Prof Cairncross has embraced the unglamorous issue of toilets and while working for the Government of Mozambique in the late 1970s and early 1980s he helped set up a sanitation market which made dome slabs to make pit latrines easier to use comfortably and cleanly. The round shape of the revolutionary, lightweight slabs also meant people could roll them home rather than having to put them on a cart. The market went from strength to strength and eventually sold more than 300,000 toilets.

He said: “I like to think this is a recognition of the importance of environmental health, which is often neglected by comparison with more glamorous fields of health research. Everything I’ve achieved has been the result of team work and I hope my colleagues realise the extent to which they too have earned this honour.”

LSHTM Director, Professor Peter Piot, said: “There is no doubt that Professor Cairncross’s work and influence has helped prevent millions of episodes of water, sanitation and hygiene-related illness in the developing world, saving innumerable lives and enabling countless numbers of people to enjoy better health from living in safer environments. We are delighted that his commitment to an area of health which is not the most glamorous subject has been honoured in this way. It is easy to forget this in the richest countries, where we take these things for granted. He has dedicated his life to seeing that these foundations of public health are put in place in the poorest countries and inspired generation after generation of students."

His citation reads: “Professor Sandy Cairncross has probably done more in the last 30 years to save lives and improve living standards in developing countries by advancing the neglected field of sanitation and hygiene than anyone else in the field. As a result of his influence many more people in the developing world have survived to enjoy better health from living in safer environments. “

Clarissa Brocklehurst, Chief of Water, Sanitation and Hygiene at UNICEF, said: "UNICEF welcomes the recognition Sandy Cairncross is receiving through this award. Sandy has been a tireless advocate of water, sanitation and hygiene and has done so much to shine the light of science onto the diseases that steal the lives of children when sanitation and water supply are lacking.
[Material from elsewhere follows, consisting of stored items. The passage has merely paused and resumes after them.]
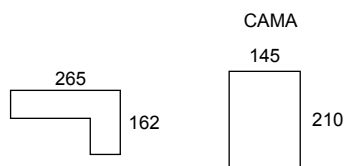

A 78 FECHADO  
A 108 ABERTO  
P 100

**REF 355**  
CHAISE

A 94 P 90

**REF 354**  
CANTO

A 97 P 90

**REF 353**  
CHAISE C/ CAMA

A 93 P 90

**REF 352**  
CHAISE

A 94 P 90

**REF 351**  
CANTO POR ELEMENTOS

A 100 P 90

**REF 364**  
CANAPÉ

A 100 P 75

**REF 365**  
CADEIRÃO

---

CADEIRÃO A 82 P 82 L 82  
PUFF A 50 P 54 L 72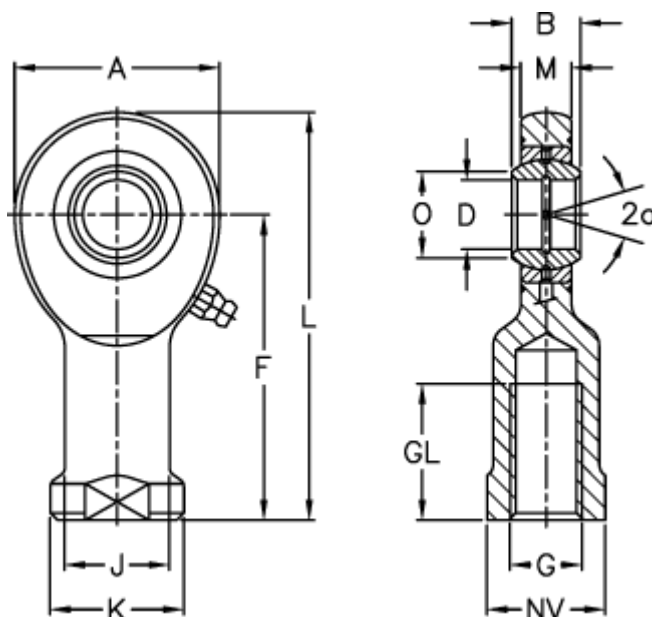

Varenummer: 03460040
 Beskrivelse: Fluro Ledhoved EI 40

Mål

A	= 92	J	= 52
a (grader)	= 7	K	= 65
B	= 28	L	= 188
D	= 40	M	= 23
Dynamisk træk kN	= 100	NV	= 55
F	= 142	O	= 45
g	= M39x3	Statisk træk kN	= 178
GL	= 65	Vægt	= 2000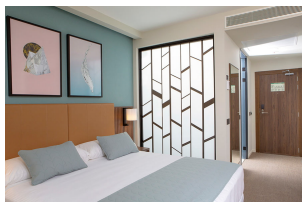

Destacados

Sky Bar en la planta 26 con bar terraza en la planta 27

Piscina exterior en la planta 21, abierta en verano

Salas de conferencias y reuniones con capacidad para hasta 1.500 personas. En total 3.000 m²

Ubicación / Información general

En el Centro de Madrid, en el Edificio España

A tan sólo unos metros del centro histórico de Madrid

A 20 km del Aeropuerto de Madrid-Barajas Adolfo Suárez (MAD)

Edificio de 27 plantas

A 20 m de la estación de metro (Plaza de España)

Parking subterráneo, de pago (plazas limitadas)

Tarjetas de crédito aceptadas: Mastercard, Visa, Diners y Amex

El hotel ofrece

WiFi gratuito en todo el hotel

Acceso a Internet, gratuito

Servicio de Conserje

Servicio de habitaciones (de 13.30 a 15.30 horas y de 19.45 a 23.45 horas)

Restaurante principal

Lobby bar

Sky Bar "De Madrid al cielo" en la planta 26 con bar terraza "360°" en la planta 27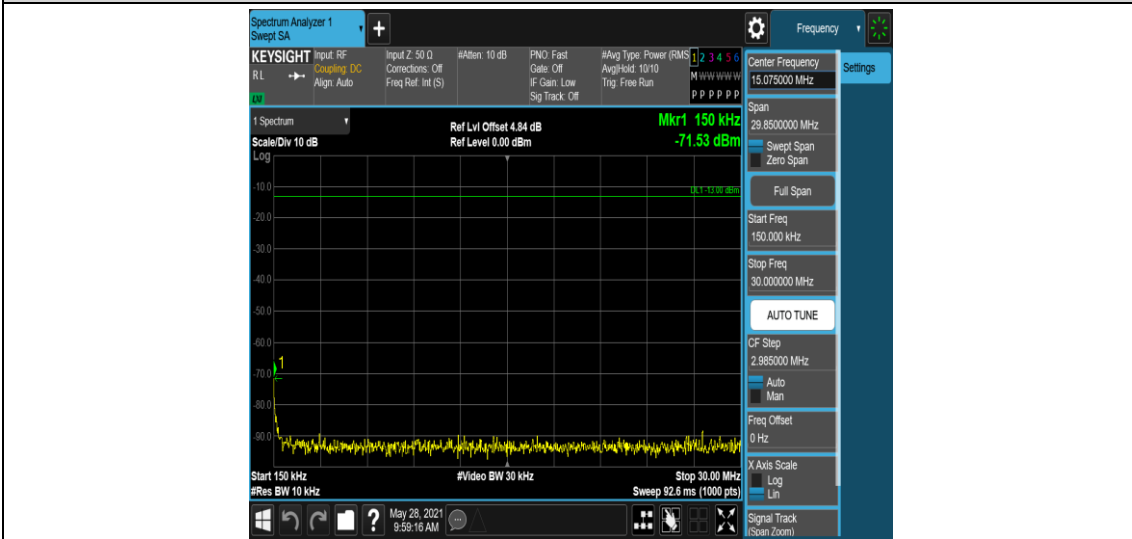

Band4-20MHz-QPSK-20050-1RB#0-Range5:2000~20000MHz

Band4-20MHz-QPSK-20175-1RB#0-Range1:0.009~0.15MHz

Band4-20MHz-QPSK-20175-1RB#0-Range2:0.15~30MHz

Band4-20MHz-QPSK-20175-1RB#0-Range3:30~1000MHz

Band4-20MHz-QPSK-20175-1RB#0-Range4:1000~2000MHz

Band4-20MHz-QPSK-20175-1RB#0-Range5:2000~2000MHz

Band4-20MHz-QPSK-20300-1RB#0-Range1:0.009~0.15MHz

Band4-20MHz-QPSK-20300-1RB#0-Range2:0.15~30MHz

Band4-20MHz-QPSK-20300-1RB#0-Range3:30~1000MHz

Band4-20MHz-QPSK-20300-1RB#0-Range4:1000~2000MHz

I have personally learned a great deal from Sandy, am grateful for his commitment, and am honoured to have worked with him.”

WaterAid chief executive Barbara Frost said: "Sandy brought wisdom, quiet good sense and science to the WaterAid Board. His research into public health and hygiene has shaped and guided our work.”

Prof Cairncross, who completed a PhD in soil mechanics at the University of Cambridge, has worked at the School for more than 25 years. He currently leads the Environmental Health Group and the Hygiene Centre at LSHTM and is Research Director of the Department for International Development-funded SHARE Consortium, a £10 million five-year programme on sanitation and hygiene.